[Extracted material]
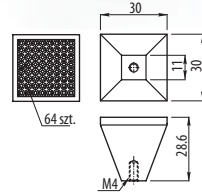

## Gałki UZ-CRO

Knob UZ-CRO / Ручка UZ-CRO

Index: UZ-CR0333-C1

Index: UZ-CR0333-B1

Index: UZ-CR0333-A1

ZnAl

material

color

## Uchwyt UZ-CRA

Handle UZ-CRA / Ручка UZ-CRA

Index: UZ-CRA...  
(C) (model)

ZnAl

material

color

size

C	64	96	128
L	76	108	140
S	14	14	17.5
X	22x3	31x3	41x4

[Problem to work on] Go through the material line by line and work out how many lines include the string "Ручка". Reply with the number only.

[Written solution] 2